■ Task description ■
Only a number is expected: how many lines in these records mention the word "OUTSIDE"?
--- Supplied records Enclosed Below ---
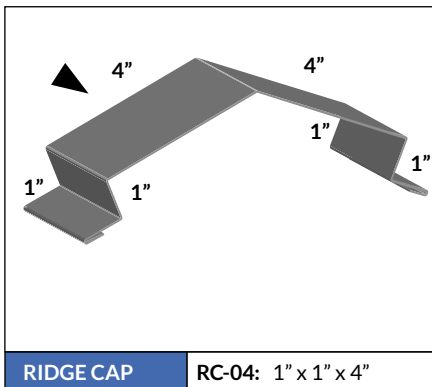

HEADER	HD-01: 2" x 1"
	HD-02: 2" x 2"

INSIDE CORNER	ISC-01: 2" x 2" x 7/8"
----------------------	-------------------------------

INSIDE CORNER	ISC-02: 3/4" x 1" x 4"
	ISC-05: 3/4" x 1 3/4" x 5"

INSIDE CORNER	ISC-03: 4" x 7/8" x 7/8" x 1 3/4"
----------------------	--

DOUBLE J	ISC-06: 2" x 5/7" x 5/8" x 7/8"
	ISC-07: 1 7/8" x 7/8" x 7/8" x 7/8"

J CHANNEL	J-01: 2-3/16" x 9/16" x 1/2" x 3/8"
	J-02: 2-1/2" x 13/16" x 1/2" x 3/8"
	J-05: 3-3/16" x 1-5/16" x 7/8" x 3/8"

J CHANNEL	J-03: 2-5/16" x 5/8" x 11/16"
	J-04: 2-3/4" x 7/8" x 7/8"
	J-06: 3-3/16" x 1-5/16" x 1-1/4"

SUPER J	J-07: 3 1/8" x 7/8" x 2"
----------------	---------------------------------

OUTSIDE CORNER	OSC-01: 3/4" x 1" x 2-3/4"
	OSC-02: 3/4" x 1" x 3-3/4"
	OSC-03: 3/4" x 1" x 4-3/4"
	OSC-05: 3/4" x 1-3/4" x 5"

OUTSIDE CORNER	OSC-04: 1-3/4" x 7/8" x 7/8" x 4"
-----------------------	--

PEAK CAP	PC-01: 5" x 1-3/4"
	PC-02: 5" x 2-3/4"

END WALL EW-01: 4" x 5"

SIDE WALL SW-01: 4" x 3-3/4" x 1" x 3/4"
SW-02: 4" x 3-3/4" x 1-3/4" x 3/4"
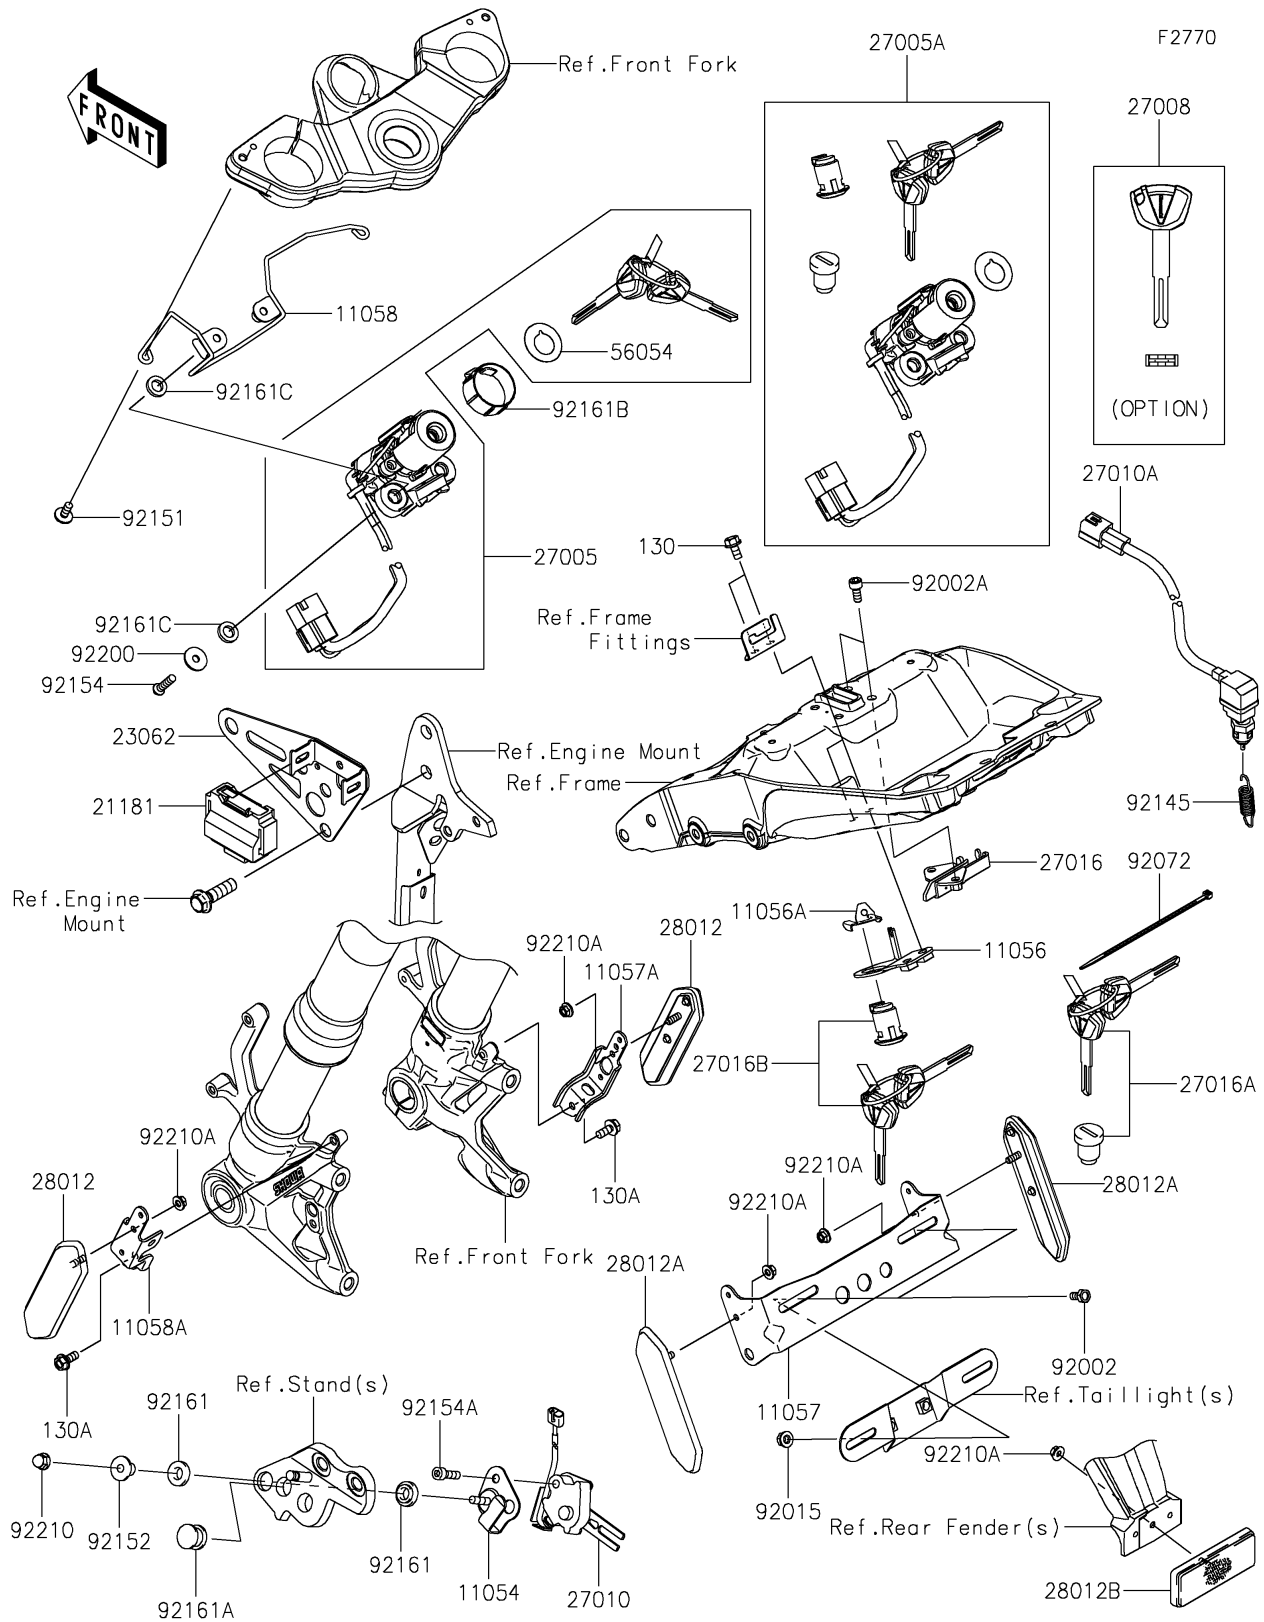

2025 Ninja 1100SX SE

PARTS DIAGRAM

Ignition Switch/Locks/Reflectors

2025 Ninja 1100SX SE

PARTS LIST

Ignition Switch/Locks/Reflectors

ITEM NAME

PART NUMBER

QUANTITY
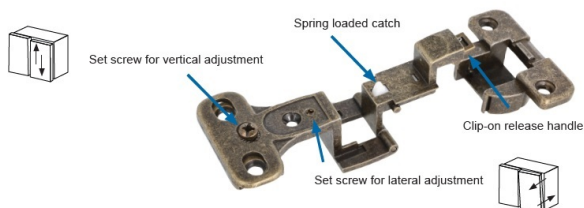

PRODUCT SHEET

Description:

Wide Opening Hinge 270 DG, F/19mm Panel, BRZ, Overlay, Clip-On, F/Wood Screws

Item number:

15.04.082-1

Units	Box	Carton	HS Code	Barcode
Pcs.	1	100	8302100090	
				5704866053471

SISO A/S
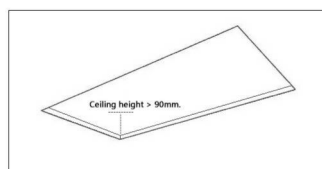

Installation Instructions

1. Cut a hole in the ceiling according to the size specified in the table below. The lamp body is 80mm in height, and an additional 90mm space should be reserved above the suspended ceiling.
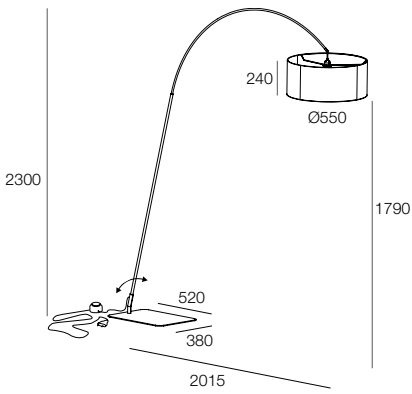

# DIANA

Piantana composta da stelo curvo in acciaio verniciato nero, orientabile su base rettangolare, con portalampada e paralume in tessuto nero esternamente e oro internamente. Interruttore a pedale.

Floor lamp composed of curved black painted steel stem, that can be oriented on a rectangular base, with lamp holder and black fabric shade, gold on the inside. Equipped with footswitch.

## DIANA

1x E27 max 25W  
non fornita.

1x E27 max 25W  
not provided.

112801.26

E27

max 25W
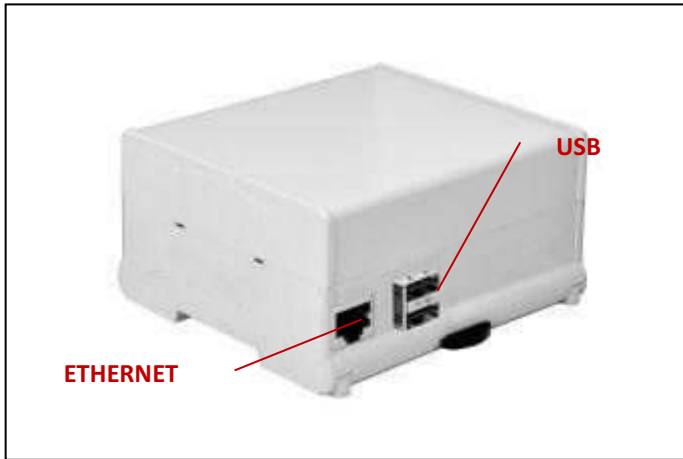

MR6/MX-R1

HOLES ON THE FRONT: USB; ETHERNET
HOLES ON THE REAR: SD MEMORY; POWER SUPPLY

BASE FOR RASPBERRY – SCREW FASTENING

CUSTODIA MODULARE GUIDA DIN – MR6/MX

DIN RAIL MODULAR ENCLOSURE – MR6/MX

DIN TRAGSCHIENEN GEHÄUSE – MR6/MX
--- End of Enclosed Supplied records ---
■ Problem solution ■
2